Verfahren gegen Mafiosi und Terroristen dürfen demnach nur noch maximal zehn Jahre dauern, bei anderen Tatbeständen ist die Prozessdauer noch kürzer. Auch die Dauer der Verfahren in den verschiedenen Instanzen soll limitiert werden.
Die Opposition kritisierte, dass die geplante Verkürzung auch Verfahren gegen Berlusconi ein Ende setzen könnte. Das gelte beispielsweise für wieder aufgenommenen Prozess gegen Berlusconi wegen Steuerhinterziehung, aber auch für ein erneut aufgenommenes Korruptionsverfahren gegen den Regierungschef.

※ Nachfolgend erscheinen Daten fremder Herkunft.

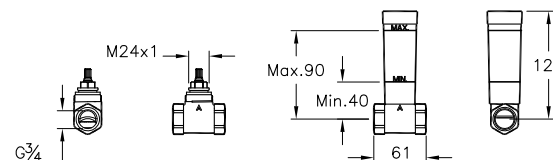

Einhebel-Brausearmatur

220 x 145 x 132 mm

Wandmontage (aufputzmontage)
Stichmaß 150 mm
Kartusche mit keramischen dichtscheiben
Durchflussbegrenzer
Temperaturbegrenzung individuell einstellbar
Brauseabgang G 1/2"
eigensicher gegen rückfließen

Oberfläche chrom	A42761EXP
Oberfläche gold	A4276123EXP
Oberfläche kupfer	A4276126EXP
Oberfläche nickel gebürstet	A4276134EXP
Oberfläche schwarz matt	A4276136EXP

Unterputz-Absperrventil

80 x 70 x 80 mm

Fertigmontageset bestehend aus griff, hülse und rosette
Rosette Ø 80 mm
M24 x 1
Kartusche mit keramischen dichtscheiben (1/4 drehung)

Oberfläche chrom	A42729EXP
Oberfläche gold	A4272923EXP
Oberfläche kupfer	A4272926EXP
Oberfläche nickel gebürstet	A4272934EXP
Oberfläche schwarz matt	A4272936EXP

Unterputzkörper

47 x 40 x 123 mm

Vormontagebausatz
50 mm einbauabstand

Keramikkartusche 180°, wasserzulauf G 1/2"	A41441
Keramikkartusche 90°, wasserzulauf G 3/4"	A41442
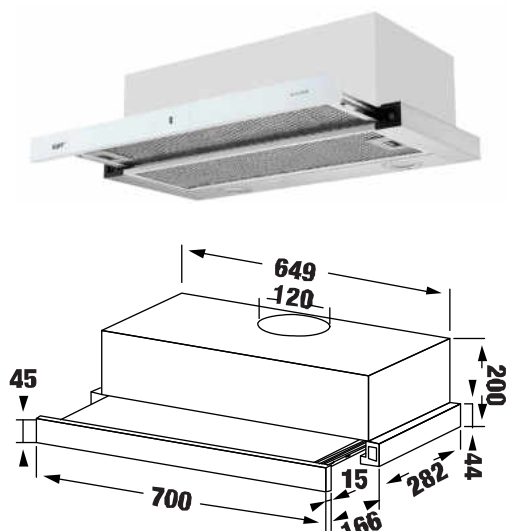

- Máy hút mùi âm tủ
- Chất liệu kính phối inox sang trọng
- Kết cấu âm tủ tiện lợi
- Điều khiển cảm ứng
- Động cơ đôi 2x80W
- Đèn Led 2x1,5W
- Nguồn điện 220V - 240 V / 50 Hz
- Công suất hút tối đa 750 m³/h
- Độ ồn maximum 48dB
- Điều khiển phím cảm ứng 3 tốc độ
- Lưới lọc Aluminum 3 lớp
- Ống thoát hơi D120 mm và ống mềm kèm theo
- Chế độ hút và khử mùi bằng than hoạt tính
- Kích thước: 55 * 280 * 200 * 700 mm
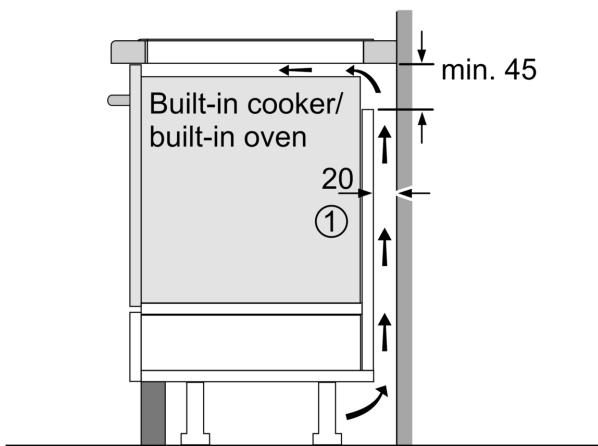

N 70, ИНДУКЦИОНЕН ПЛОТ, 60 CM, ЧЕРНО,
T56RHF1CO

Измерване в mm

A: Отдръпнатата дълбочина

Измерване в mm

A: Мин. разстояние от профила на печката до стената

B: С монтирана фурна отдолу мин. 30 mm, възможно повече

Вж. изискванията за разстояние за фурната

C: Макс. 1 mm фаска

① Ventilation gap must be present

All measurements in mm

Measurements in mm
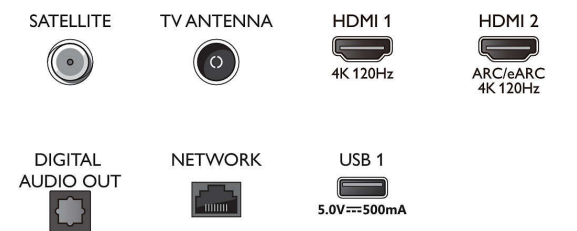

4K Ambilight TV

139 cm (55") Ambilight TV P5 Intelligent Picture Engine mit KI, Dolby Atmos Sound, Google TV™

55OLED808/12

Daten

Ambilight

- Ambilight-Funktionen: Anpassung an die Wandfarbe, Lounge-Modus, Spielmodus, Ambilight Musik, AmbiWakeUp, AmbiSleep, Mit Philips Wireless Lautsprecher für zuhause kompatibel, Ambilight Bootup Animation
- Ambilight-Version: Next Generation, 3-seitig

Bild/Anzeige

- Bildschirmgröße diagonal (Zoll): 55 Zoll
- Bildschirmgröße diagonal (cm): 139 cm

- Anzeige: 4K Ultra HD OLED
- Auflösung des Displays: 3.840 x 2.160
- Native Aktualisierungsrate: 120 Hz
- Picture Engine: P5 Intelligent Picture Engine mit KI
- Bildoptimierung: Perfect Natural Motion, Micro Dimming Perfect, Wide Color Gamut 99% DCI/P3, Dolby Vision, KI-Bildqualitätsmodus, CalMAN Ready, IMAX Enhanced-Modus, HDR10+ Adaptive, Filmmaker-Modus, HLG (Hybrid Log Gamma)

Bildschirmeingangsauflösung

- Aktualisierungsrate (Auflösung): 576p, 50 Hz, 640 x 480, 60 Hz, 720p, 50 Hz, 60 Hz, 1.920 x 1.080p, 24 Hz, 25 Hz, 30 Hz, 50 Hz, , 60 Hz, 100 Hz, 120Hz., 2560 x 1440, 60 Hz, 120 Hz, 3.840 x 2.160p, 24 Hz, 25 Hz, 30 Hz, 50 Hz, , 60 Hz, 100 Hz, 120Hz.

Tuner/Empfang/Übertragung

- Digitales Fernsehen: DVB-T/T2/T2-HD/C/S/S2
- TV-Programmführer*: 8-Tage-EPG

Connections

Side

Bottom

Beide Prozesse waren ausgesetzt worden, nachdem die Regierung im Jahr 2008 ein Immunitätsgesetz verabschiedet hatte, das Berlusconi und andere hochrangige Vertreter des Staates vor Strafverfolgung schützte. Das Verfassungsgericht in Rom stufte diese Regelung im Herbst jedoch als verfassungswidrig ein.
Damit das umstrittene neue Gesetz in Kraft treten kann, muss es noch vom Abgeordnetenhaus abgesegnet und schliesslich vom Staatspräsidenten unterzeichnet werden. (SDA/hhs)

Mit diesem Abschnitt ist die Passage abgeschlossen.